Phoenix in the summer: Hot and humid with evening storms and a chance of a haboob (major dust storms for those who haven't heard). One thing is certain of Phoenix summers; it takes a little motivation and imagination to get out on a scorching hot, humid day. And thanks to a local chef and restaurant owner for providing the motivation, I now know that the fruit from prickly pear cactus becomes ripe and ready to make into special treats during the summer months.
On a recent blazing hot day when those lucky enough were cloistered indoors in the cool AC-regulated temperatures, I received an email from chef/owner Chrysa Robertson of Rancho Pinot in Scottsdale, Ariz., founder of the of the Phoenix chapter of Slow Food USA. Her note was an invitation to her desert home to pick prickly pear fruit. The plan: Pick the fruit, take it back to her restaurant to clean, process and puree into juice, then be sent home with jars of juice for our favorite use. This sounded like just the kind of activity to help my imagination along.
Note: In Arizona, you have to obtain a permit from the Arizona State Land Department to harvest fruit on state land. Check the law in your area. An easier way is to ask your neighbors for permission to pick their fruit – urban foraging! Do not harvest all of the fruit on a plant – leave some for the birds and animals.
If you've been to Arizona (or the North American dessert, Mexico, the Mediterranean, the Middle East and a handful of other places), you've likely seen prickly pear cactus just about everywhere from freeway medians to open desert lands to neighborhood yards. If you've stayed closer to home, you've likely seen prickly pear cactus in many Western movies or photos of the desert.
These cactus have flat pads anywhere from 4 to 18 inches long and large spines. The fruit of most of the cactus varieties – called tunas – is edible and is often processed into jelly, juice and candy. When the fruit is ripe in the summer it turns a beautiful scarlet color and grows to about the size of a plum. The fruits are covered with tiny, almost invisible spines called glochids, seemingly impossible to remove from your skin once they get you.
Instructed by Chef Chrysa to bring long tongs to pick the fruit, about 40 people showed up to cautiously and lightly twist the tunas off their pads and collect in buckets. Next stop was the restaurant where the tunas were put in large bowls filled with water, swished around to help remove loose spines, then placed into another bowl of clean water. Now, wearing rubber gloves, we lightly passed scrubbing pads over the fruit to remove any remaining glochids, then moved them to a colander to drain. Cut in half, the fruit was blended until it began to liquefy, then placed in a strainer and pressed until the liquid was strained out. For the final step the puree was put into another, even finer mesh strainer for more juice to be collected. The leftover pulp and seeds were saved for the compost pile. Prickly pear fruit can be prepared in a variety of ways. Consider these recipes using prickly pear fruit.

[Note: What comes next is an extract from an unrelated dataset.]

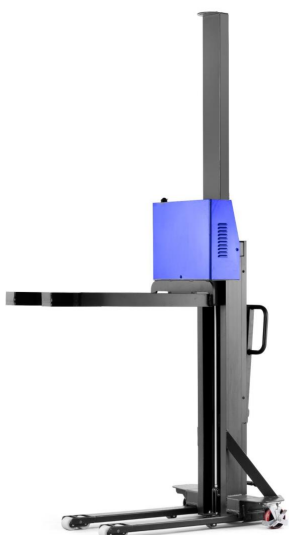

Bilder

Elektro-Selbstverladender Mitnahmestapler TRUCKGO

After a hot, educational and fun morning, the restaurant's friendly and talented staff prepared lunch for the crowd. What most of us were anxiously awaiting? The bartender's special margaritas made from the prickly pear juice! Both lunch and the margaritas were amazing.
Travis' Prickly Pear Margaritas
1-1/2 ounce tequila
1 ounce prickly pear syrup (mix equal parts prickly pear juice with simple syrup: 2 parts sugar to 1 part water, stir until dissolved)
1 ounce fresh lime juice
Lime wedge for garnish
Coarse salt to rim the glass
Place all ingredients in a pint glass filled with ice. Shake for 30 seconds and strain into salt-rimmed rocks glasses filled with ice. Garnish with a lime wedge.
According to Chef Chrysa, about 15 large fruits should yield about 2, 2-1/2 cups of juice. The juice can be added to lemonade or turned into a syrup for pancakes or ice cream. It can be added to your favorite barbecue sauce, marinade or vinaigrette recipe or made into a tasty jelly, too!